Sunday, October 22, 2006

A gourmet Saturday


The day began with a market and ended with a stroll through Notting hill and an expected find.

Nottinghill Farmer’s Market is in full swing despite the inclement weather and the early hour. It’s bustling. Dogs, children and parents armed with baskets and bags compete for space in the narrow aisles that separate the store holders. The fare is mostly organic – breads, game, meats, fruits and vegetables, and with most of the storeholders being regulars, its easy to get to know these local producers. Twelve Green Acres farm offers some of the best pork pies and organic and gluten free sausages. Pigeon breasts and mallards as well as pheasant pies can be brought from Manor House Farm. From the Muck and Magic Farm you can buy Suffock potatoes still covered in soil – the perfect companion with their Tamworth Pork or Norfolk Horn Lamb. You’ll also find Dave and Rose’s Hurdlebrook yogurt made from Guernsey A2 milk. This is slow food at its best – low food miles, local producers.

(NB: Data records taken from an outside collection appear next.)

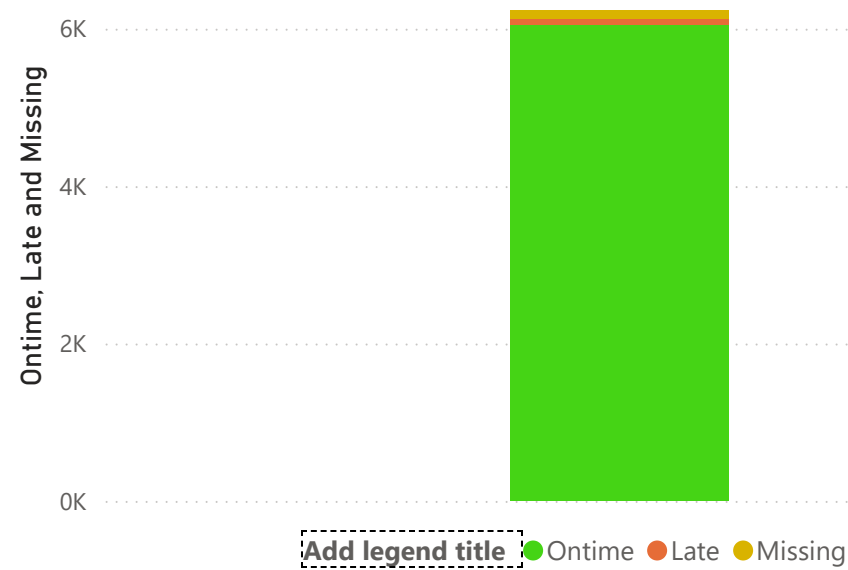

Cable Control Submission - Last 6 Months

JSA - Missing and Late

EntryDate	Status	WorkSummaryURL	FieldTallyID
03/02/23	Missing	Lugo / 20230302	66585
03/24/23	Late	Neumann / 20230324	67016
04/14/23	Late	Lindemann / 20230414	67383
04/28/23	Late	Adams / 20230428	67591
06/05/23	Late	Lindemann / 20230605	68119
07/03/23	Late	Al-Mafrachi / 20230703	68531
07/07/23	Late	Neumann / 20230707	68583
08/10/23	Missing	Kilmer / 20230810	69053
08/11/23	Late	Sanchez / 20230811	69069
08/15/23	Late	Taylor / 20230815	69132
08/28/23	Late	Schneider / 20230828	69303
10/02/23	Late	Al Bayati / 20231002	69731

Cable Control Logs - Missing and Late

EntryDate	Status	WorkSummaryURL	FieldTallyID
03/08/23	Missing	Sanchez / 20230308	66675
03/09/23	Missing	Schneider / 20230309	66708
03/14/23	Late	Lugo / 20230314	66783
03/21/23	Late	Schneider / 20230321	66929
03/24/23	Late	Neumann / 20230324	67016
03/30/23	Late	Lugo / 20230330	67100
04/14/23	Late	Lindemann / 20230414	67383
04/28/23	Late	Adams / 20230428	67591
04/28/23	Late	Sanchez / 20230428	67577
06/05/23	Late	Lindemann / 20230605	68119
06/19/23	Missing	Horton / 20230619	68314
06/27/23	Missing	Vazquez / 20230627	68436

Detailed List

EntryDate	SafetySheet	Status	FS_Name	Link
03/01/23	JSA	Overtime	Andrew Wells	Wells / 20230301
03/01/23	JSA	Overtime	Asare Odame	Odame / 20230301
03/01/23	JSA	Overtime	Asbel Escibano	Escibano / 20230301
03/01/23	JSA	Overtime	Christopher Sereal	Sereal / 20230301
03/01/23	JSA	Overtime	David Neumann	Neumann / 20230301
03/01/23	JSA	Overtime	Eudo Lugo	Lugo / 20230301
03/01/23	JSA	Overtime	Evan Conner	Conner / 20230301
03/01/23	JSA	Overtime	Firas Al-Mafrachi	Al-Mafrachi / 20230301
03/01/23	JSA	Overtime	Guillermo Sanchez	Sanchez / 20230301
03/01/23	JSA	Overtime	Harper Hargrove	Hargrove / 20230301
03/01/23	JSA	Overtime	Jerome Taylor	Taylor / 20230301
03/01/23	JSA	Overtime	Jose Castillo	Castillo / 20230301
03/01/23	JSA	Overtime	Philip Schneider	Schneider / 20230301
03/02/23	JSA	Missing	Eudo Lugo	Lugo / 20230302
03/02/23	JSA	Overtime	Andrew Wells	Wells / 20230302
03/02/23	JSA	Overtime	Asare Odame	Odame / 20230302
03/02/23	JSA	Overtime	Asbel Escibano	Escibano / 20230302
03/02/23	JSA	Overtime	Christopher Sereal	Sereal / 20230302

Detailed List

The organic fruit and vegetable store reveals a rare sight - boxes of organic Cox and Braeburn apples. Much has been made in the media of declining number of English orchards. You’ll be hard pressed to find British apples in local stores despite talk of supermarket campaigns to buy British. Local producers can’t compete with imported ones. Looking around the market, it’s clear that the seasons are changing. Most of the berries have gone, although there are a few punnets of raspberries and strawberries to be had, but it’s the new season’s vegetables like kale and leeks that everyone seems to be buying.

Baked goods seem the perfect choice on a day that has a crisp bite in the air. Celtic Bakeries offers traditional soda breads and I overhear that the Californian sourdough is today’s bread of choice. By 11.00 am only a few loaves are left. Dark Sugar Cakes with its sweet indulgences of blueberry and almond tarts, sacher tort and lemon and almond polenta cake are an favourite. The popular mushroom man is the only local missing from the market today. His mushroom baguettes filled with oyster mushrooms cooked as you wait with garlic, parsley and parmesan cheese are wonderfully good.

Being so close to Portobello Road, I can’t resist the temptation of do some antique shopping. It’s easy to be tempted. I feel oddly inclined to buy a silver teapot and partake of the English tradition of elevens. It’s the memory of Brasso (and elbow-grease) that stops me from buying one.

Feeling the need to escape the crowds, I disappear down Westbourne Crescent and into a Still Too Few- a curious antiques store. From the outside, it appears to specialise in glass but at the back is a woman who specialises in kitchenware. I pick up some old editions of Elizabeth David. It’s an odd synchronicity as at the far end of the store is David’s kitchen dresser brought at auction after her death. The dresser is solid and imposing and I can imagine it stacked with books, china, wooden spoon and utensils. In a newspaper article displayed to the left of the dresser is David photographed, the dresser behind her.

With David in mind, I head for Books for Cooks, the famed specialist bookstore. The sky decides to open and so I opt for a simple lunch inside – minestrone served with pesto and courgette and pesto bread. It’s a warming lunch, perfect on this now rainy day.